## What the task requires
Pick out each line in these entries that contains the string "FINISH".

____ The data

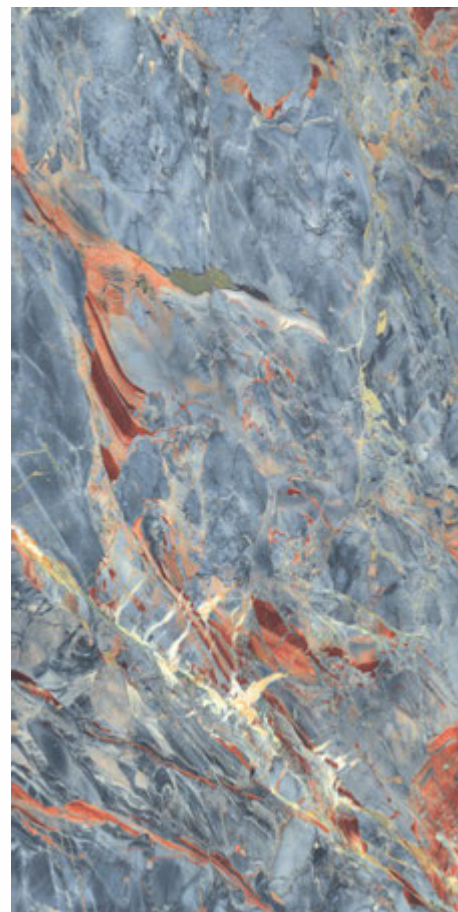

VISTOSA

DARIEN
AQUA

600x1200mm

HIGH GLOSS FINISH
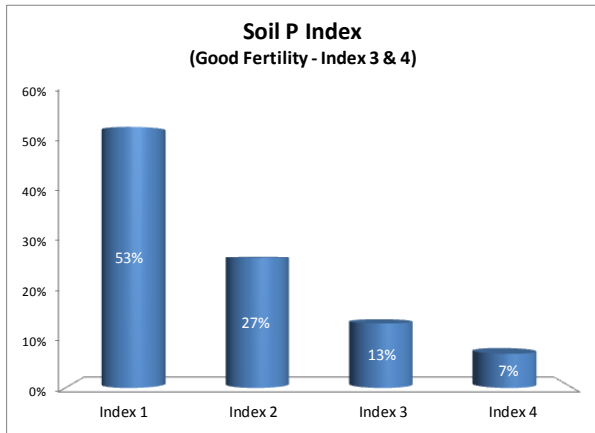

Soil Analysis Status and Trends

County	Donegal
Year	2018
Enterprise	All Farms
Number of Samples	1,481

Soil Analysis Status and Trends

County	Donegal
Year	2018
Enterprise	Dairy
Number of Samples	570

Soil Analysis Status and Trends

County	Donegal
Year	2018
Enterprise	Drystock
Number of Samples	775

Soil Analysis Status and Trends

County	Donegal
Year	2018
Enterprise	Tillage
Number of Samples	117
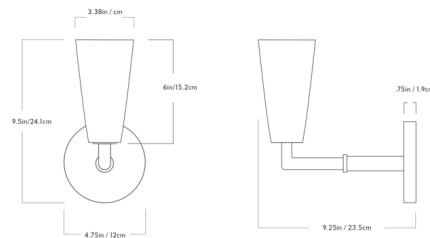

By Roll & Hill

Description

The Grace Wall Sconce features an elegant blend of softness and structure with a tapered ceramic shade set atop a brass bracket arm. Grace will produce a gentle glow perfect for adding a touch of accent lighting to any interior. Available with hand thrown ceramic for a slightly irregular look or white ceramic for a more uniform expression.

Shown in unlacquered brass / white

Specifications

COLOR White
BODY FINISH Unlacquered Brass
WATTAGE 3W
DIMMER Low Voltage Electronic
DIMENSIONS 4.75"W x 9.5"H x 9.25"D
BULB INCLUDED 1 x G16.5/Candelabra (E12)/3W/120V LED

Technical Information

PRODUCT DIMENSIONS Backplate: 4.75" diameter
LAMP LIFE 25000 hours
COLOR RENDERING 90 CRI
LAMP COLOR 2700K
LUMENS/WATT 100.00
LUMINOUS FLUX 300 lumens

CLICK TO VIEW PRODUCT

Notes:
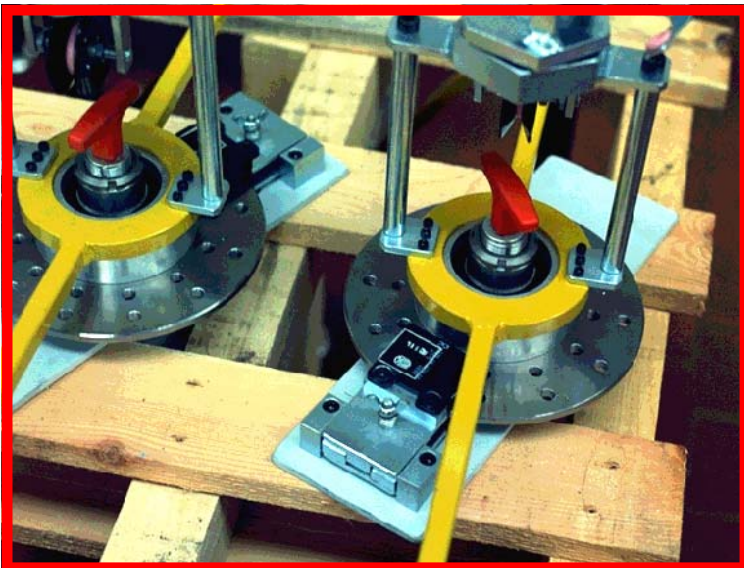

rif. 5.0400.0

ACCESSORIES FOR FLYER

BREAKING WIRE DETECTOR

The wire braking signalling device has been designed to be installed as optional on all
MACCHINE SPECIALI
pay-off flyer

The signal is obtained by ground contact

DISK BRAKE

The disk brake can be installed on all pay-off flyer instead of the traditional braking system consisting of bearing compressed by axial load. Braking can be directly adjusted during unwinding. Higher braking load by double braking pincers.
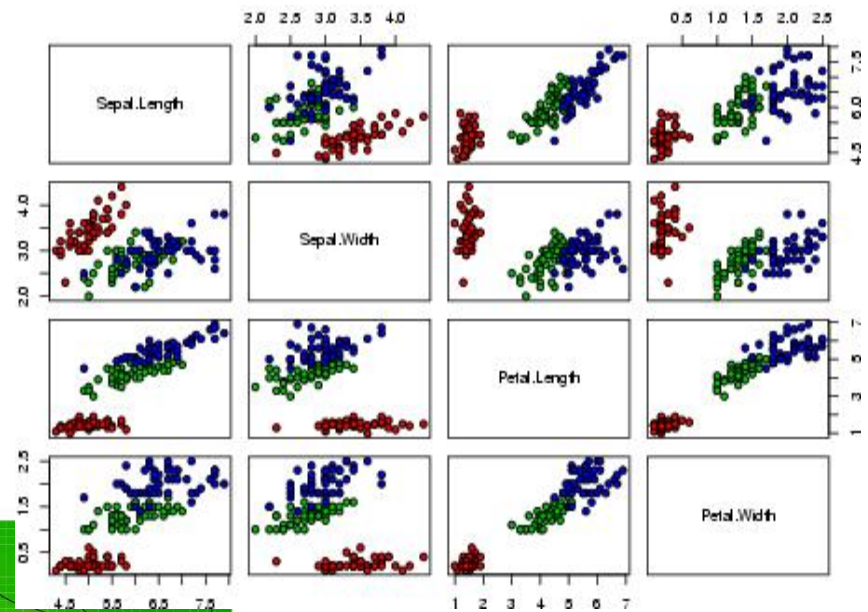

Edgar Anderson's Iris Data
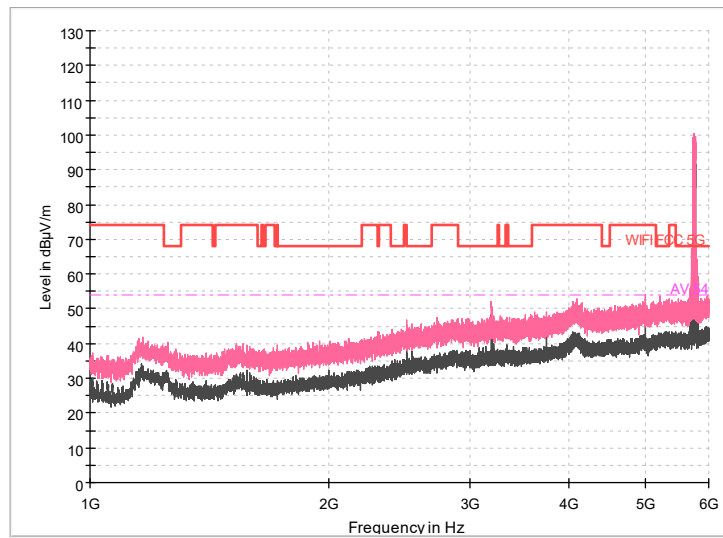

Full Spectrum

Frequency Range: 30MHz -1GHz
Detector: Av mode and PK mode
Test Mode: 802.11ac(VHT20)

Full Spectrum

Frequency Range: 1GHz -6GHz
Detector: Av mode and PK mode
Test Mode: 802.11ac(VHT20)

Frequency Range: 6GHz -18GHz
Detector: Av mode and PK mode
Test Mode: 802.11ac(VHT20)

Frequency Range: 18GHz -40GHz
Detector: Av mode and PK mode
Test Mode: 802.11ac(VHT20)

Carrier frequency (MHz): 5755
Channel No.:151

Full Spectrum

— Preview Result 1-PK+
— FCC PART 15 B_Radiated Disturbances @ 10m_QP
◆ Final_Result QPK

Comment

Frequency Range: 30MHz -1GHz
Detector: Av mode and PK mode
Modulation type: 802.11n(HT40)

Full Spectrum

Frequency Range: 1GHz -6GHz
Detector: Av mode and PK mode
Modulation type: 802.11n(HT40)

Frequency Range: 6GHz -18GHz
Detector: Av mode and PK mode
Modulation type: 802.11n(HT40)
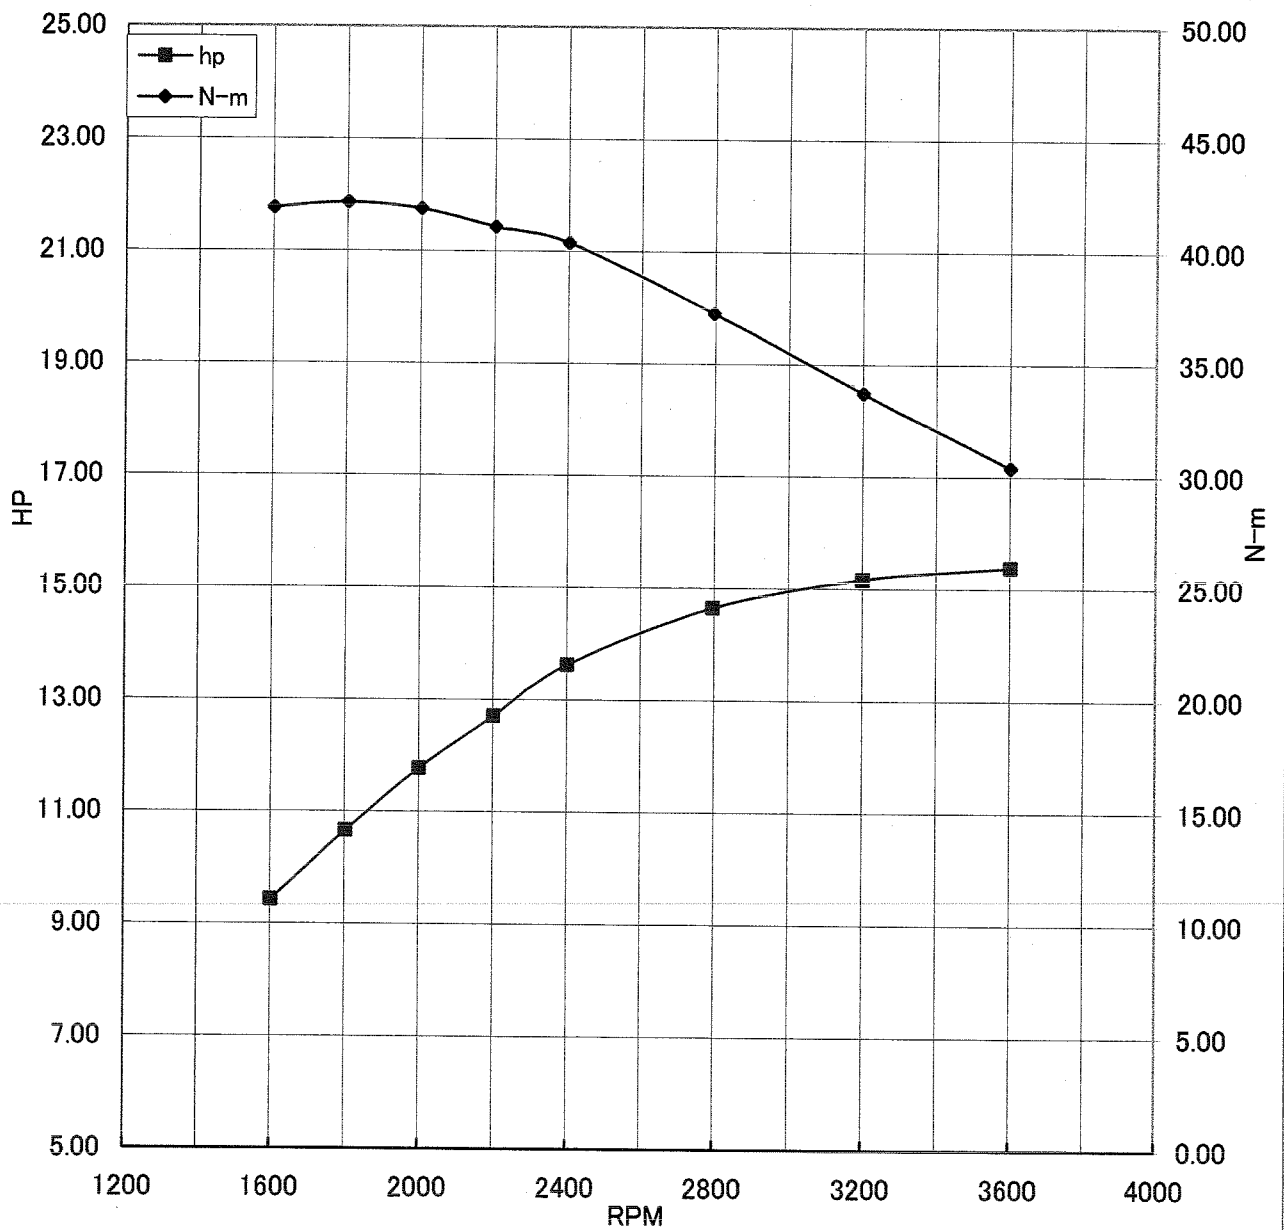

Kawasaki General Purpose Engine Gross Power Data According to SAE J1995

WOT ENGINE POWER PLOT

Kawasaki General purpose engine

Engine model/version : FS541V/BS00
Engine serial number : A04058
Test/run number : 270

Kawasaki General Purpose Engine Gross Power Data According to SAE J1995

WOT ENGINE POWER PLOT

Kawasaki General purpose engine

Engine model/version : FS541V/BS00
Engine serial number : A04058
Test/run number : 271

Kawasaki General Purpose Engine Gross Power Data According to SAE J1995

WOT ENGINE POWER PLOT

Kawasaki General purpose engine

Engine model/version : FS541V/BS00
Engine serial number : A04058
Test/run number : 272
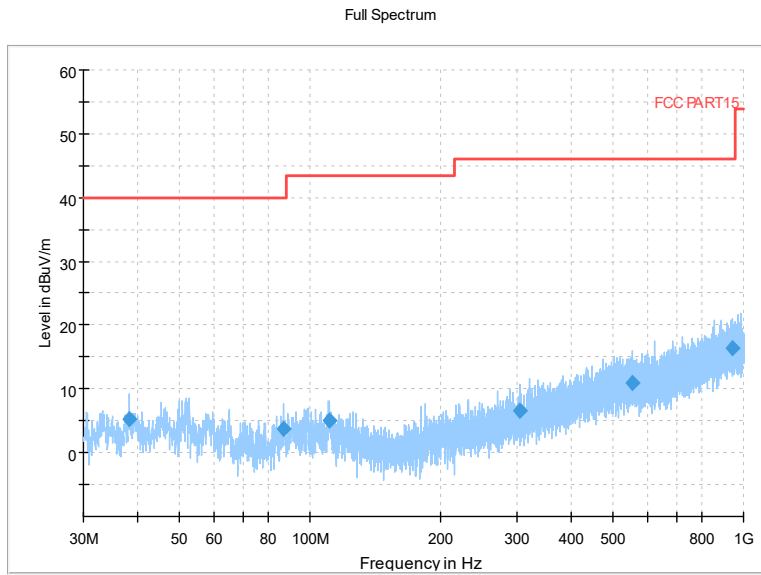

Carrier frequency (MHz): 6535
Channel No.:117

Frequency Range: 30MHz -1GHz
Detector: QP mode
Modulation type: 802.11ax(HE20)
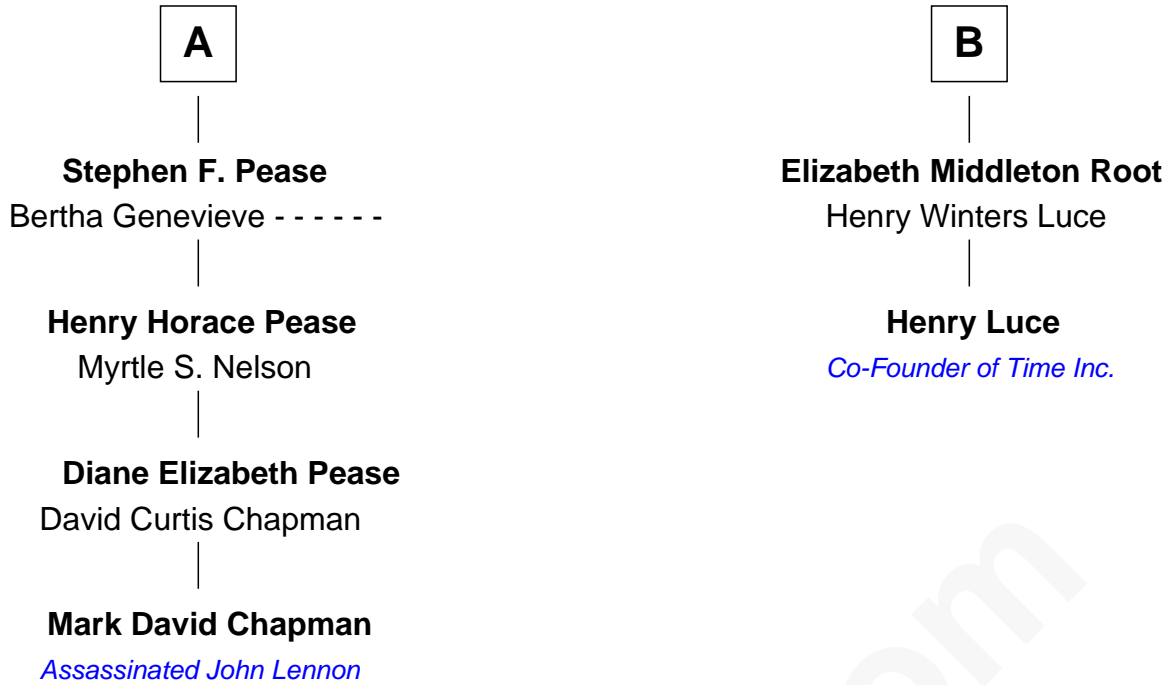

FamousKin.com
Relationship Chart of
Mark David Chapman
Assassinated John Lennon

8th cousin 2 times removed of

Henry Luce

Co-Founder of Time, Life, Fortune and Sports Illustrated magazines

Henry Woodward
 Elizabeth - - - - -

FamousKin.com
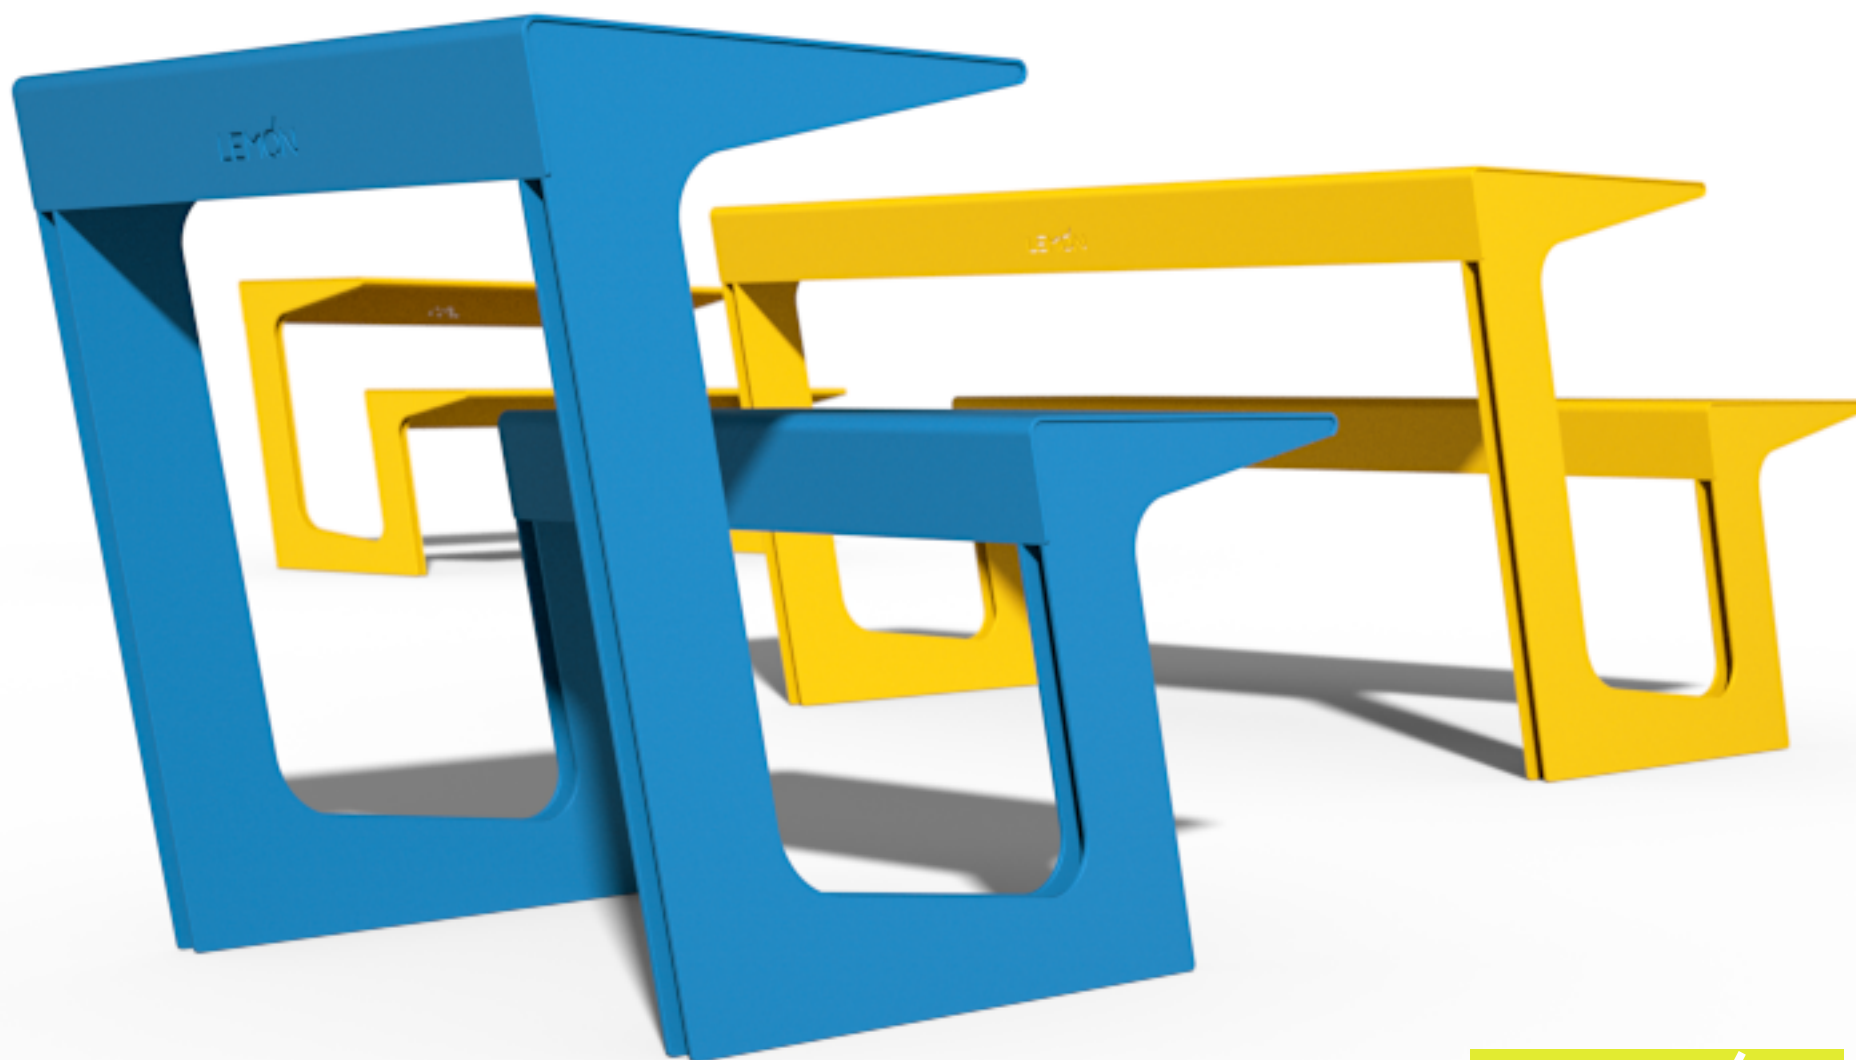

Colbi T1

Urban Leisure Table Elements

LEMÓN™

Design by LEMON

________

## Completed task
HIGH GLOSS FINISH
BODY FINISH Unlacquered Brass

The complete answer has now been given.